This gentle production manages to bring together strands of dance, participatory performance, storytelling and shadow play in an evening which is subtly affecting. Yael Karavan’s international group of performers specialise in creating site-specific, delicate performances which engage with audiences in oblique, startling ways, without trumping them. Anima builds on an earlier production called A Light Through The Night, which saw the troupe leading audiences on a night-time journey only using lights.
The performance opens with the audience being directed outdoors, where dancer Marion Deprez barters matches for goods from the audience. The crowd engage easily with her, eventually handing over items such as bike lock keys and smartphones. We then navigate past red wool strung around the fences and trees, while the dancers peer out from behind the bushes. On our return to the foyer, performer Bruno Humberto lies on the floor muttering in a babel of languages before ushering us into the auditorium and into the world of the play.
Humberto is a deft comic performer, managing to be both manic and sympathetic. His opening monologue describes the experience of walking into a party, the rehearsals in one’s head, and the panic underlying a confident exterior. Suddenly a “power failure” plunges us into darkness, eclipsing his moment. This leads to the miming of a tea party, held behind a billowing curtain which is only illuminated by the glow of oil lamps and matches held by the performers. The three female dancers play an exhausting game of cards to pass away the long power cut.
In one interlude the performers play a game of shadows with their bodies, limbs shrinking and growing on the curtains, with Tristan Shorr’s delicate atmospheric music making the spectacle hypnotic. The seeming simplicity of the effects is another factor in making the event almost feel like a private show which each audience member locked in their heads.

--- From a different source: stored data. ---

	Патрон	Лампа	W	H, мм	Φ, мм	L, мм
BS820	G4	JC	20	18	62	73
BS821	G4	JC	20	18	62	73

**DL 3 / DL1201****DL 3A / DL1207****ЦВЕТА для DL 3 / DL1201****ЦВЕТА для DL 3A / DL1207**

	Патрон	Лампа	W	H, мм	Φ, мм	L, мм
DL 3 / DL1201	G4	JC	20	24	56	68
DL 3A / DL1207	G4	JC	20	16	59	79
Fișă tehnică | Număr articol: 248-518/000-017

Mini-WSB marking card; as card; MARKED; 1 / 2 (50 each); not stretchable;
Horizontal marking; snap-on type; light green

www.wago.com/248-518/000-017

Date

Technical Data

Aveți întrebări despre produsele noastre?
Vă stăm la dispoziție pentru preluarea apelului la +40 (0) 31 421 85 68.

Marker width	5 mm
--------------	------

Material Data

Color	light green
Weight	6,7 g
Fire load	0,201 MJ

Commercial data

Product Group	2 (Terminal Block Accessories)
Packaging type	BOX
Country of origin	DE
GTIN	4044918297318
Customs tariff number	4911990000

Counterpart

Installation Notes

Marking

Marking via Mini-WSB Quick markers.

Dancer Tamar Daly tells us a story about a blind man who knows how to use sewing machines, exaggerating the physical gestures, making them angular, imitating the straight lines of a seam. Anglepoise lamps later double up as dancing partners for the women, who wear outfits of one colour each: yellow, green, and red.

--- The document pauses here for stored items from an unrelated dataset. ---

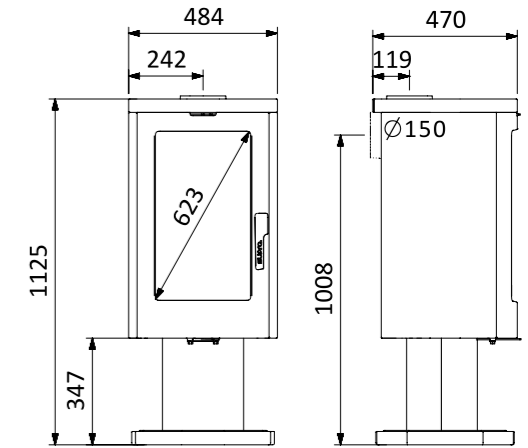

#### INSTALLATION ET UTILISATION

- Raccordement des fumées **arrière ou dessus** (150 mm)
- **Intensité de la flamme réglable**
- **Poignée intégrée** design épuré
- **Chargement des bûches facilité** grâce à sa hauteur surélevée
- Cendrier **grande capacité** amovible
- **Vision de la flamme** en diagonal de 62,3 cm (24 pouces)

**Raccordement arrière ou dessus.**

Dimensions (L x H x P) : 48,4 x 112,5 x 47 cm

#### INFORMATIONS SUR LE PRODUIT

Code EAN	376 007 541 340 8
Code produit	FR9016190B
Matériel principal	Fonte
Vision du feu (diagonale)	62 cm (24 pouces)
Taille des bûches	33cm(V) / 50cm(H)
Poids brut	192 kg
Poids net	182 kg
Distance d'installation arrière*	40 cm
Distance d'installation latérale*	60 cm

Humberto then tells a story of creation, calling on the audience to fill in the gaps; this ends up being a story about god as a giant cat. During this sequence, the female dancers place lamps around him frantically as he speaks. While his fast, engaging scenes complement the delicate feel of the play, it would have been good to see more of Deprez and Linda Rehmal, who circle the stage and the other performers throughout.

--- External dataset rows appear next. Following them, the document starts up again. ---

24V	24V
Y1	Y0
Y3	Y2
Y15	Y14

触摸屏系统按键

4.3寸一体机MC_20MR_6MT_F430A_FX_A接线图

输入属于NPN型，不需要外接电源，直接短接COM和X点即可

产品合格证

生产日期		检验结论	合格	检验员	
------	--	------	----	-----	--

The red threads we navigated at the beginning of the piece hint at the delicacy of the play’s construction. We’re also left to make the connections between each part ourselves, but instead it is more pleasurable to simply watch, and absorb the atmosphere. As if to take us out of this state of mind at the end of the production, we are instructed to light our matches. Each audience member turns to another one, looking for a lighter. Inevitably, the flames go out, but it works to bring us out of the dream-like state, bringing the performance full-circle; I’d be curious to know if other people experienced it as I did.